### RECORDS SUPPLIED:
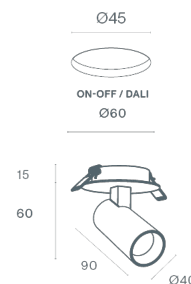

LED FEATURES

LUMINOUS EFFICIENCY	UP TO 153 lm/W
CRI	CRI→90, CRI→97
LIFESPAN	50.000 Hours
STEPS MACADAM	3 Steps MacAdam
LUMEN MAINTENANCE	L90/B50
PHOTOBIOLOGICAL RISK	RG1
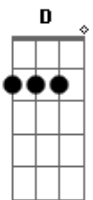

© ukulele-chords.com
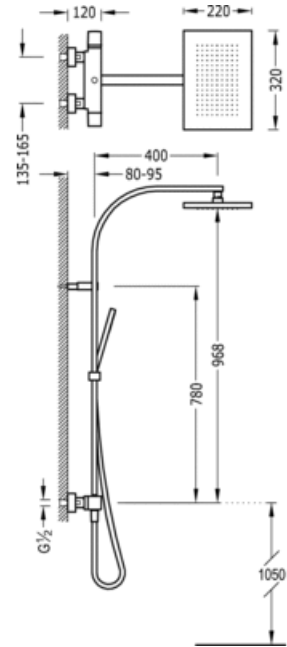

Wall thermostatic shower mixer; · Fixed shower head 320x220 mm. Brass (299.632.02).· Antilime hand shower (202.639.01).· Satin hose (91.34.609.15).· Diverter integrated in the flow control: chrome finish

Shower  
Thermostatic  
Handle  
Surface

CRO 20219501

### TASK REQUIREMENTS:
Output every record verbatim, skipping images.

### SOLUTION TO THE PROBLEM:
LED FEATURES

LUMINOUS EFFICIENCY	UP TO 153 lm/W
CRI	CRI→90, CRI→97
LIFESPAN	50.000 Hours
STEPS MACADAM	3 Steps MacAdam
LUMEN MAINTENANCE	L90/B50
PHOTOBIOLOGICAL RISK	RG1

© ukulele-chords.com

Wall thermostatic shower mixer; · Fixed shower head 320x220 mm. Brass (299.632.02).· Antilime hand shower (202.639.01).· Satin hose (91.34.609.15).· Diverter integrated in the flow control: chrome finish

Shower  
Thermostatic  
Handle  
Surface

CRO 20219501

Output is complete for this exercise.